Review: Galen and the Forest Lord by Eden Winters

Long, long ago in a faraway land, men were men (except when they were wolves), meddlesome aunts were meddlesome aunts, evil opportunists were evil opportunists, and heroes weren’t always the sharpest swords in the scabbard.

By the time Galen Olaf-kin woke up and smelled the spiced ale, it was too late, and he never finished the wicked deed for which he stood trial. Banished from his home, he flees to the forest, taking nothing but the unwanted infant he's rescued. Perhaps the legends are true and the forest lord will take them both in. The lord is said to give sanctuary to outcasts, but none of the stories mention the naughty, tempting things he whispers, or that he shares Galen's forbidden passions.

Lord Erik rolls his eyes at the prophecy that says when human hands deliver a babe to the forest, he’ll meet the mate destined to reunite forest folk with humankind. What interest has he in a child? The handsome human who brings the babe is another matter entirely, and little things like destiny and his own bumbling won’t keep Erik from claiming Galen as his own.

I don’t really read a lot of shifter stories. It’s not that I don’t like them, I’m just a picky pain in the ass, in the “it’s not the book, it’s me” kind of way. I don’t especially like the uber alpha ones with heaps of instantly accepted insta-lust. They all started to run together for me when I was reading them so now I don’t normally seek them out. There are some I do like though, the stories that don’t take themselves too seriously, have a good dose of camp and lots of snark. Those shifter stories I love, and Galen and the Forest Lord is one of those stories. It’s set in a simple fantasy world with a village, a forest, a silver lined path and a castle. It was simple enough that I could focus on the story, but not so simple that it was unbelievable or patronizing.

Galen is banished from his village in shame after being caught with a man. It was all manner of trickery and completely unfair, but, to be fair, he’d much rather be with a lad than a lass, so this outcome was probably inevitable anyway. The villagers are uneducated, ill-mannered and many of their beliefs are quite archaic, just like real life. Plus they have a terrible fear of the man eating wolves that live in the forest.

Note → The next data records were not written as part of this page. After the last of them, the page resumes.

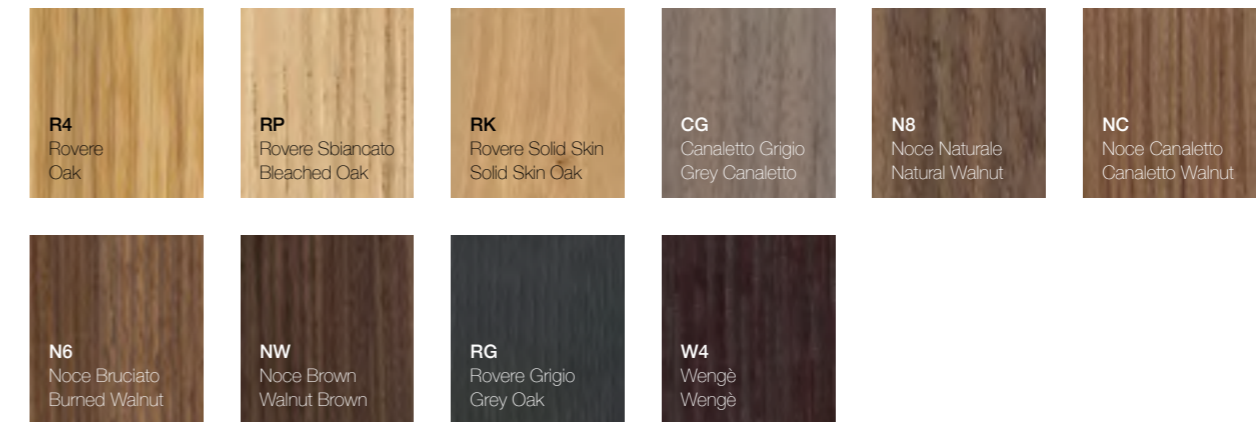

Larghezza / Length (L)
 140 - 160 - 180 cm

Altezza / Height
 60 cm

Profondità / Depth (P)
 35 - 45 cm

Listino prezzi / Price list — p. 330

● Colori disponibili / Available colors — p. 230 - 231

Laccati opachi e lucidi / Matt and glossy painted - Cat. 1 / 3

Legni / Woods - Cat. 2

Finiture interne e cassetti / Inside finishings and drawers

Interni / Inside

L'eccellente standard della collezione Viaveneto Soft prevede la finitura interna dei mobili realizzata in finitura opaca grigio esclusiva. Su richiesta i mobili possono tuttavia essere realizzati con gli interni nella stessa finitura dell'esterno. / The excellent standard of the Viaveneto soft collection includes units with internal matt exclusive grey finish. However, upon request, the units can be made with the internal parts in the same finishes as the external parts.

  “His (Galen’s) pursuers, armed with scythes, pitchforks, axes, stones and ignorance, their most dangerous weapon, were too afraid of the legendary inhabitants to venture past the forest’s edge.”

The forest dwellers, led by Erik the Forest Lord are quit a lively and lusty bunch and try to control their more animal instincts and live in a civilized manner. It’s a bit of an uphill battle and tests Lord Erik’s patience daily.

“They could be forgiven a lack of manners on occasion. This particular occasion marked the seventeenth time that day.”

What follows is Galen’s new life and new possibilities in the castle with Erik. Erik is noble and sexy as hell, but he’s also none too bright, bless his handsome heart. The real brains of the outfit belong to the Alpha Bitch, his Aunt Eydis At least until he takes a mate and then Aunt Eydis will gladly hand over the reins. I loved how the forest dwellers had adopted enough human tendencies to mostly hate the word “bitch” and it was used frequently to annoy as well as show reverence and the dichotomy was completely amusing. All of the dry humor in this story amused me greatly and it was really well done.

According to prophecy, Erik’s mate will be coming to him via human hands and in the form of a baby. Remember how I said Erik was none too bright? Well, his interpretation of the prophecy isn’t exactly spot on which is a comedy of errors in itself. So his wolf feels the undeniable desire to mate with Galen, his human consciousness is a little slow on the uptake. Galen is in the same boat really and their banter was fun to read. Aunt Eydis and the Court Seer, Jarl are behind the scenes driving the two men together, all the while convincing Erik and Galen it is their idea. As funny as it is to read, it is also quite sweet as they:

“ . . . enjoy the day’s entertainment – the courtship of the inept . . . “

The adventure that follows gives more than one HEA just like every good fantasy story should. I enjoyed reading about the secondary characters just as much as the main, including and especially Marta, that bitch Marta. The running joke of “that bitch Marta” is probably one of my favorite things about this story. We never actually meet Marta, but she is alluded to often enough that I feel like I can hate her good naturedly along with the rest of the characters. How Marta ends up with her own version of an HEA is priceless and that plot point was pure gold.

My only niggle, and it really isn’t much of one, is that I would have liked more of Erik and Galen together. Their characters were great and being able to see them as a couple beyond their acceptance of the prophecy would have been bonus gravy to the shifter feast that I enjoyed here.